Architecting the original 100kloc program well requires skill, but that effort is heavily front loaded.
Human brains seem like an existence proof for what’s possible, but it would be surprising if humans also represent the farthest physical limits of what’s technologically possible without the constraints of biology (hip size, energy budget etc).
Poker tests intelligence. So what gives? One interesting thing is that for whatever reason, poker performance isn't used a benchmark in the LLM showdown between big tech companies.
The models have definitely improved in the past few years. I'm skeptical that there's been a "break-through", and I'm growing more skeptical of the exponential growth theory. It looks to me like the big tech companies are just throwing huge compute and engineering budgets at the existing transformer tech, to improve benchmarks one by one.
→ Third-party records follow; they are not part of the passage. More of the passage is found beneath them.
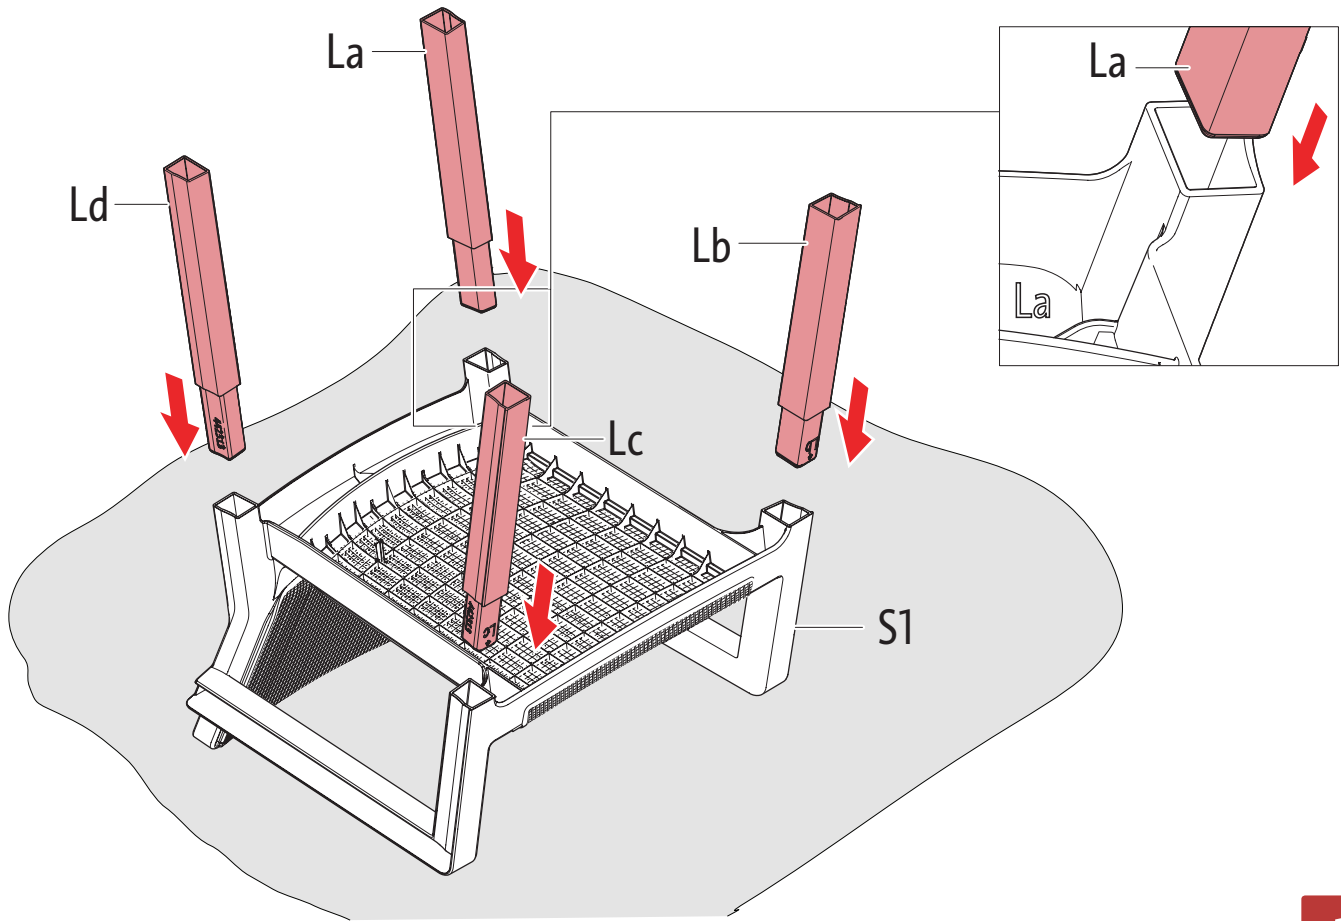

CHAIR & SOFA

599321

"EMILY chair & sofa" V0.8 / 599321 / 442310 - 442311

 AMERICA
 EUROPE
 - Geprüfte Sicherheit
 - EN 581

MAX 110 kg
 240 lbs

< 40 °C < 104 °F
 > 0 > 32

1 — 2

3 — 4

		Chair	Sofa
			
		442311	442310
	S1	1x	-
	S2	-	1x
 	 La	1x	1x
	 Lb	1x	1x
	 Lc	1x	1x
	 Ld	1x	1x
 	 Na	1x	1x
	 Nb	1x	1x
	 Nc	1x	1x
	 Nd	1x	1x

1

2

3

4

I'm sure if Google allocated 10 engineers a dozen million dollars to improve Gemini's poker performance, it would increase. The idea before AGI and the exponential growth hypothesis is that you don't have to do that because the AI gets smarter in a general sense all on it's own.
> improve benchmarks one by one
If you're right about that in the strong sense — that each task needs to be optimised in total isolation — then it would be a longer, slower road to a really powerful humanlike system.
What I think is really happening though that each specific task (eg. coding) is having large spillover effects on other areas (eg. helping them to be better at extended verbal reasoning even when not writing any code). The AI labs can't do everything at once, so they're focusing where:
- It's easy to generate more data and measure results (coding, maths etc.) - There's a relative lack of good data in the existing training corpus (eg. good agentic reasoning logic - the kinds of internal monologs that humans rarely write down) - Areas where it would be immediately useful for the models to get better in a targeted way (eg. agentic tool-use; developing great hypothesis generation instincts in scientific fields like algorithm design, drug discovery and ML research)
By the time those tasks are optimised, I suspect the spill over effects will be substantial and the models will generally be much more capable.
Beyond that, the labs are all pretty open about the fact that they want to use the resulting AI talents for coding, reasoning and research skills to accelerate their own research. If that works (definitely not obvious yet) then finding ways to train a much broader array of skills could be much faster because that process itself would be increasingly automated.
Even a simple prompt like this:
=
I have two potential solutions.
Solution A:
Solution B:
Which one is better and why?
=
Is biased. Some LLM tends to choose the first option and the other prefer the last one.
(Of course, humans suffer from the same kind of bias too: https://electionlab.mit.edu/research/ballot-order-effects)
You just want the signal from the object level question to drown out irrelevant bias (which plan was proposed first, which of the plan proposers are more attractive, which plan seems cooler etc.)